_EXERCISE GOAL_
A word-for-word transcription of the listing is all that is needed.

_DATA SHOWN_
|---|
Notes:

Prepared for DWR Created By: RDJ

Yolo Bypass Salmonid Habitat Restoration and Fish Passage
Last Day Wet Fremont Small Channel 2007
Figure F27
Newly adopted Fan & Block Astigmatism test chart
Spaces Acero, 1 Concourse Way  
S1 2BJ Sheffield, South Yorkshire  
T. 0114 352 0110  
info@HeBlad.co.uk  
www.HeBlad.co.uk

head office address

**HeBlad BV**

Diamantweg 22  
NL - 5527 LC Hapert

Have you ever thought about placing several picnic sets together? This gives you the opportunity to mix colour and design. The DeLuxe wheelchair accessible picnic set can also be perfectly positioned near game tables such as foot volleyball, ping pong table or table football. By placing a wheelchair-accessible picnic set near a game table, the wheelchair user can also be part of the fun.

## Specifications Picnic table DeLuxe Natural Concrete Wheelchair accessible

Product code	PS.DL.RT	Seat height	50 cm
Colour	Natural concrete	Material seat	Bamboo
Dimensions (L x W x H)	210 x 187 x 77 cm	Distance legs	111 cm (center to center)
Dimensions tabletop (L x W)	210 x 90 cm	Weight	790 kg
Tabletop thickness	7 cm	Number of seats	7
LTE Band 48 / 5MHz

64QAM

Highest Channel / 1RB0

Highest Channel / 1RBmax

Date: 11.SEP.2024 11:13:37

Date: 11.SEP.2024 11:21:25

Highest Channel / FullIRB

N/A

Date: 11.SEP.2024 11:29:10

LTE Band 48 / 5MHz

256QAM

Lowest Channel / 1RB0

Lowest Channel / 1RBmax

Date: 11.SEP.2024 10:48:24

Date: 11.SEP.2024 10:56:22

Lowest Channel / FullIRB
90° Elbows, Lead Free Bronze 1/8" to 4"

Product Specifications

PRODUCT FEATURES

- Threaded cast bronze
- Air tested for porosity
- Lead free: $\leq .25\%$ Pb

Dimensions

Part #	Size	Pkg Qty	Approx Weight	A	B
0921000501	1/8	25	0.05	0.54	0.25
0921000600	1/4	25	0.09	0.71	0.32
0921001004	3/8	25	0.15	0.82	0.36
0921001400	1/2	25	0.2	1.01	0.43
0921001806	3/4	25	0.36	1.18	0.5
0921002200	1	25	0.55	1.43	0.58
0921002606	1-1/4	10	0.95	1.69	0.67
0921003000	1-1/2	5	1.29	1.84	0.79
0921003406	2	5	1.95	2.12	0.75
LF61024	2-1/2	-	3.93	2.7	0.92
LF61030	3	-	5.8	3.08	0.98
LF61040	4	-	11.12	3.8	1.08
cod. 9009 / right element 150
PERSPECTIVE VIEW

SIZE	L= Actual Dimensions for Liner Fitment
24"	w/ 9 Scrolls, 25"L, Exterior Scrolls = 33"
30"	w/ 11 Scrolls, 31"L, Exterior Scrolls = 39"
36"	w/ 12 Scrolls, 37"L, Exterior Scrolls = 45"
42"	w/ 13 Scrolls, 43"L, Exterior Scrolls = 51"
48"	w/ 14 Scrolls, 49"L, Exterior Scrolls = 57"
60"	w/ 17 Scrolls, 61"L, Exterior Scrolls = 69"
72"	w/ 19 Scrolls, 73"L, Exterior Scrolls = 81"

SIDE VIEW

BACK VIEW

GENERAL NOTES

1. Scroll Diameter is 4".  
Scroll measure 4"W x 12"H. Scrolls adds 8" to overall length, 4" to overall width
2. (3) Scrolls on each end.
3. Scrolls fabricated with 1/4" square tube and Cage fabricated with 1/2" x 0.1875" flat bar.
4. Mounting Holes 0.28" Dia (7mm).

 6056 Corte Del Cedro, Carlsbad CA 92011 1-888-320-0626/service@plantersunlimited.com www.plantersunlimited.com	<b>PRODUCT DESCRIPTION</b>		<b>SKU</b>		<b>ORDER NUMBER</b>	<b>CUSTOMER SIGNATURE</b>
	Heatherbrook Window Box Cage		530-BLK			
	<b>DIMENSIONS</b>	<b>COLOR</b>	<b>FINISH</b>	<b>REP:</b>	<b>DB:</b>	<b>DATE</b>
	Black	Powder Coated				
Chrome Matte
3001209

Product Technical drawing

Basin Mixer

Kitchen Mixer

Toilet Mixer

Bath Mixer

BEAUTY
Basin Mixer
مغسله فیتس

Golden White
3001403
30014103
|---|
_RESPONSE FOR THIS EXERCISE_
Notes:

Prepared for DWR Created By: RDJ

Yolo Bypass Salmonid Habitat Restoration and Fish Passage
Last Day Wet Fremont Small Channel 2007
Figure F27
Newly adopted Fan & Block Astigmatism test chart
Spaces Acero, 1 Concourse Way  
S1 2BJ Sheffield, South Yorkshire  
T. 0114 352 0110  
info@HeBlad.co.uk  
www.HeBlad.co.uk

head office address

**HeBlad BV**

Diamantweg 22  
NL - 5527 LC Hapert

Have you ever thought about placing several picnic sets together? This gives you the opportunity to mix colour and design. The DeLuxe wheelchair accessible picnic set can also be perfectly positioned near game tables such as foot volleyball, ping pong table or table football. By placing a wheelchair-accessible picnic set near a game table, the wheelchair user can also be part of the fun.

## Specifications Picnic table DeLuxe Natural Concrete Wheelchair accessible

Product code	PS.DL.RT	Seat height	50 cm
Colour	Natural concrete	Material seat	Bamboo
Dimensions (L x W x H)	210 x 187 x 77 cm	Distance legs	111 cm (center to center)
Dimensions tabletop (L x W)	210 x 90 cm	Weight	790 kg
Tabletop thickness	7 cm	Number of seats	7
LTE Band 48 / 5MHz

64QAM

Highest Channel / 1RB0

Highest Channel / 1RBmax

Date: 11.SEP.2024 11:13:37

Date: 11.SEP.2024 11:21:25

Highest Channel / FullIRB

N/A

Date: 11.SEP.2024 11:29:10

LTE Band 48 / 5MHz

256QAM

Lowest Channel / 1RB0

Lowest Channel / 1RBmax

Date: 11.SEP.2024 10:48:24

Date: 11.SEP.2024 10:56:22

Lowest Channel / FullIRB
90° Elbows, Lead Free Bronze 1/8" to 4"

Product Specifications

PRODUCT FEATURES

- Threaded cast bronze
- Air tested for porosity
- Lead free: $\leq .25\%$ Pb

Dimensions

Part #	Size	Pkg Qty	Approx Weight	A	B
0921000501	1/8	25	0.05	0.54	0.25
0921000600	1/4	25	0.09	0.71	0.32
0921001004	3/8	25	0.15	0.82	0.36
0921001400	1/2	25	0.2	1.01	0.43
0921001806	3/4	25	0.36	1.18	0.5
0921002200	1	25	0.55	1.43	0.58
0921002606	1-1/4	10	0.95	1.69	0.67
0921003000	1-1/2	5	1.29	1.84	0.79
0921003406	2	5	1.95	2.12	0.75
LF61024	2-1/2	-	3.93	2.7	0.92
LF61030	3	-	5.8	3.08	0.98
LF61040	4	-	11.12	3.8	1.08
cod. 9009 / right element 150
PERSPECTIVE VIEW

SIZE	L= Actual Dimensions for Liner Fitment
24"	w/ 9 Scrolls, 25"L, Exterior Scrolls = 33"
30"	w/ 11 Scrolls, 31"L, Exterior Scrolls = 39"
36"	w/ 12 Scrolls, 37"L, Exterior Scrolls = 45"
42"	w/ 13 Scrolls, 43"L, Exterior Scrolls = 51"
48"	w/ 14 Scrolls, 49"L, Exterior Scrolls = 57"
60"	w/ 17 Scrolls, 61"L, Exterior Scrolls = 69"
72"	w/ 19 Scrolls, 73"L, Exterior Scrolls = 81"

SIDE VIEW

BACK VIEW

GENERAL NOTES

1. Scroll Diameter is 4".  
Scroll measure 4"W x 12"H. Scrolls adds 8" to overall length, 4" to overall width
2. (3) Scrolls on each end.
3. Scrolls fabricated with 1/4" square tube and Cage fabricated with 1/2" x 0.1875" flat bar.
4. Mounting Holes 0.28" Dia (7mm).

 6056 Corte Del Cedro, Carlsbad CA 92011 1-888-320-0626/service@plantersunlimited.com www.plantersunlimited.com	<b>PRODUCT DESCRIPTION</b>		<b>SKU</b>		<b>ORDER NUMBER</b>	<b>CUSTOMER SIGNATURE</b>
	Heatherbrook Window Box Cage		530-BLK			
	<b>DIMENSIONS</b>	<b>COLOR</b>	<b>FINISH</b>	<b>REP:</b>	<b>DB:</b>	<b>DATE</b>
	Black	Powder Coated				
Chrome Matte
3001209

Product Technical drawing

Basin Mixer

Kitchen Mixer

Toilet Mixer

Bath Mixer

BEAUTY
Basin Mixer
مغسله فیتس

Golden White
3001403
30014103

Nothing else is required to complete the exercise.